■ DATASET CONTENT:
________________________

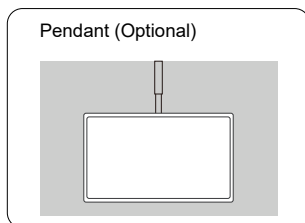

Specifications

Model	GNT-DPB222K/GNT-LB222KA
Display	
Display Type	Led Backlight
Screen Size	21.5"
Aspect Ratio	16:9
Max Resolution	1920*1080
Brightness (typ)/(min)	220cd/m² (Max)
Contrast (typ)/(min)	3000:1
Response Time	≤7ms
Color	16.7M (8Bit)
Viewing Angle	H 178°, V 178°
Refresh Rate	60Hz
Interface	
Input	VGA(D-15)*1, HDMI*1, 12VDC*1
Output	Earphone Out*1, Speaker*1 (DPB222K Without speaker, LB222KA With speaker)
OSD	
Multi-Language	Simplified Chinese, English (Support Language customization)
General	
Power Supply	Input: 200~240V (±10%), 50/60Hz 0.8A; Output: 12V 2.5A
Consumption	<25W(On); <0.5W (Standby)
Working Temperature	0°C~50°C
Working Humidity	10%~85% (No Condensation)
Storage Temperature	-20°C~60°C
Storage Humidity	10%~85% (No Condensation)
Vesa	100x100mm
Dimension(W*H*D)	
Package(W*H*D)	565x435x440mm; 4pcs/CTN
Gross Weight	3KG/Pcs
Accessory	
Standard	Adapter, User Manual, HDMI Cable, Pedestal
Optional	No
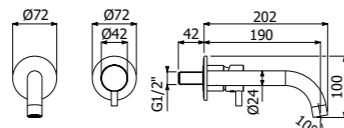

RICAMBI | SPARE PARTS

16000007

500536 --
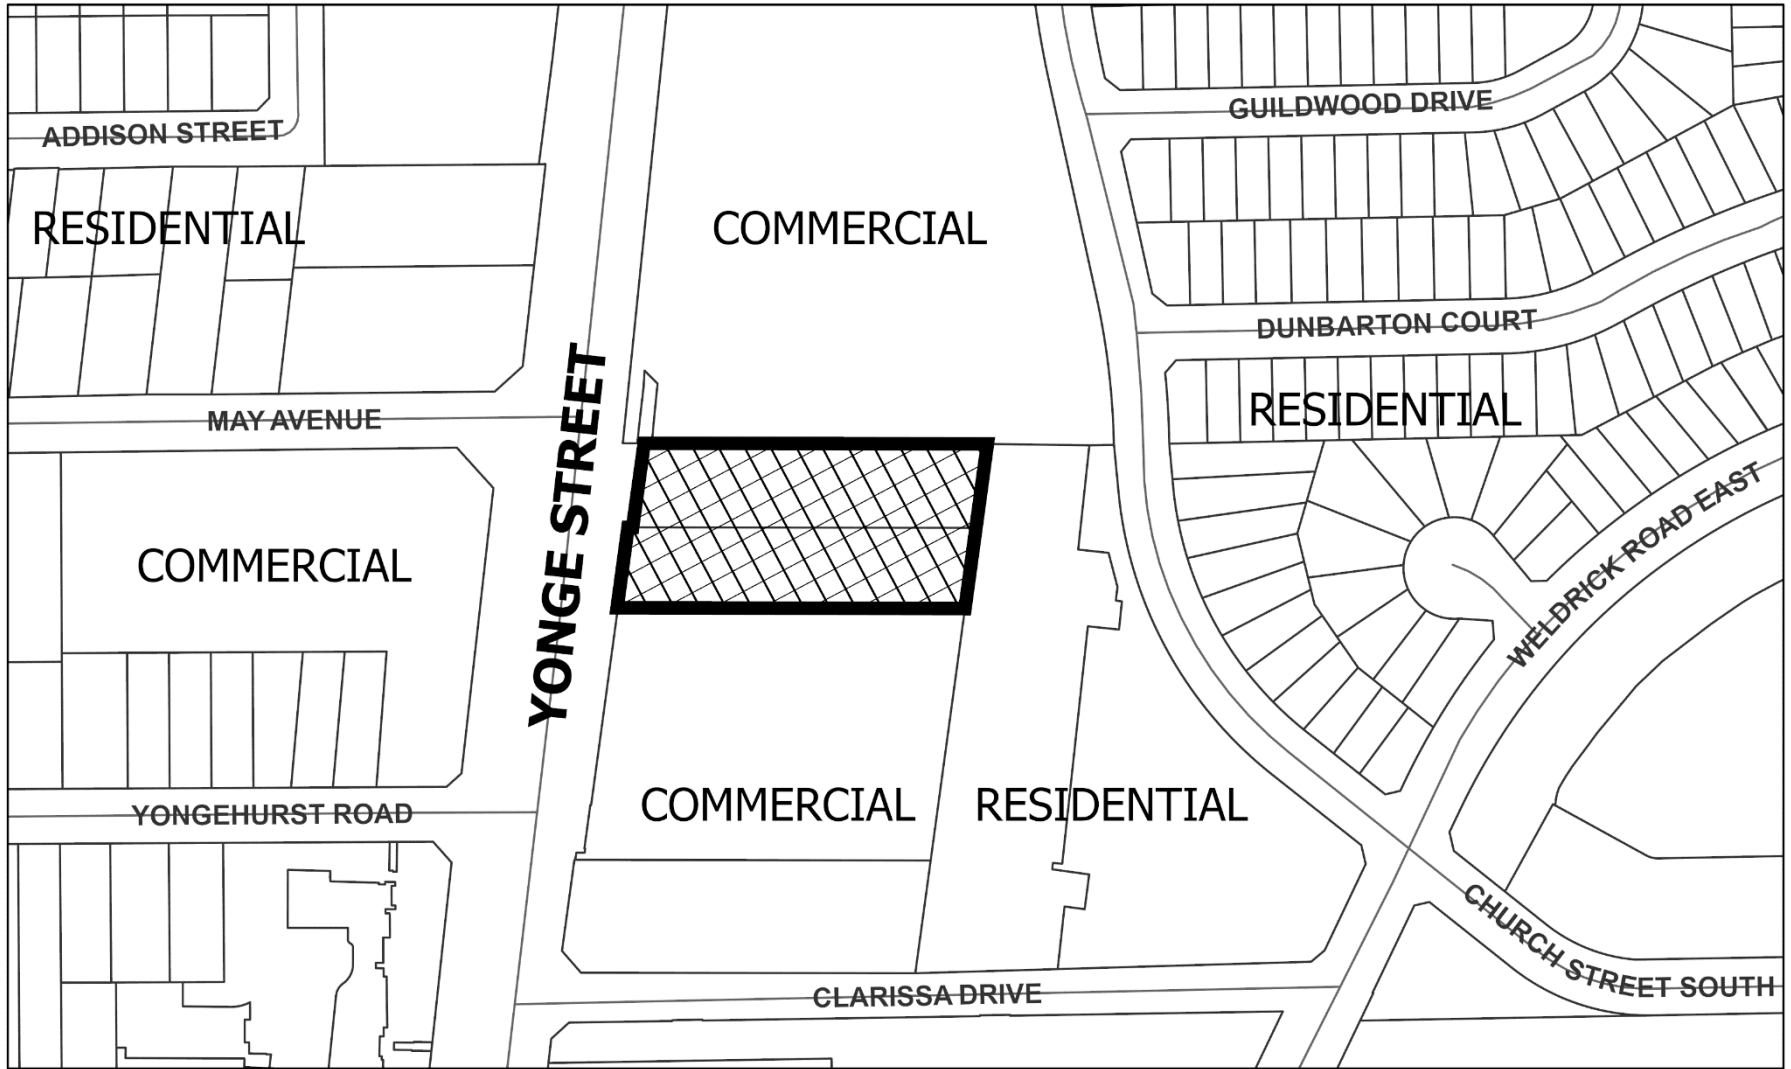

MAP 2 - NEIGHBOURHOOD CONTEXT

Legend

Subject Lands

9675, 9697 and 9699 Yonge Street

LP/DW SRPI.22.101

BLOCK 23 File Nos. D01-18003 and D02-18013

CITY OF RICHMOND HILL
PLANNING AND INFRASTRUCTURE
DEPARTMENT
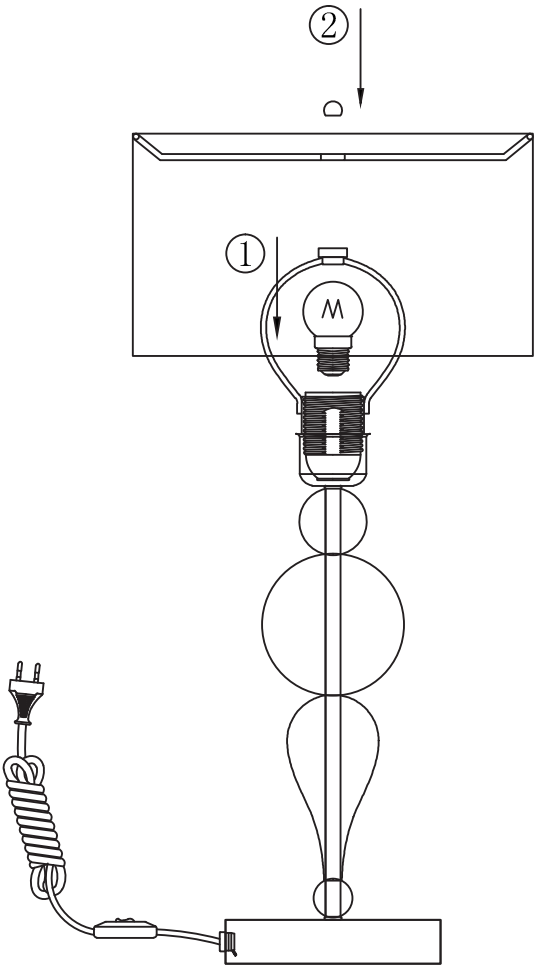

Instruction

Collection: Modern
Series: Bubble Dreams
Model: MOD603-11-N
Mobile

1 x E14 (40w)

MAYTONI
DECORATIVE LIGHTING

www.maytoni.de
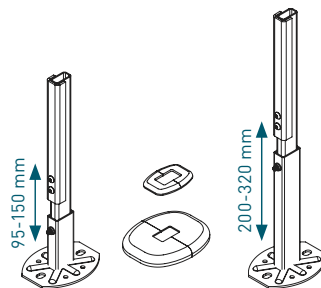

Accessories - feet

Adjustable feet PR

________________________

Copy out the lines of the records above in which the string "Input" appears.

Input	VGA(D-15)*1, HDMI*1, 12VDC*1
Power Supply	Input: 200~240V (±10%), 50/60Hz 0.8A; Output: 12V 2.5A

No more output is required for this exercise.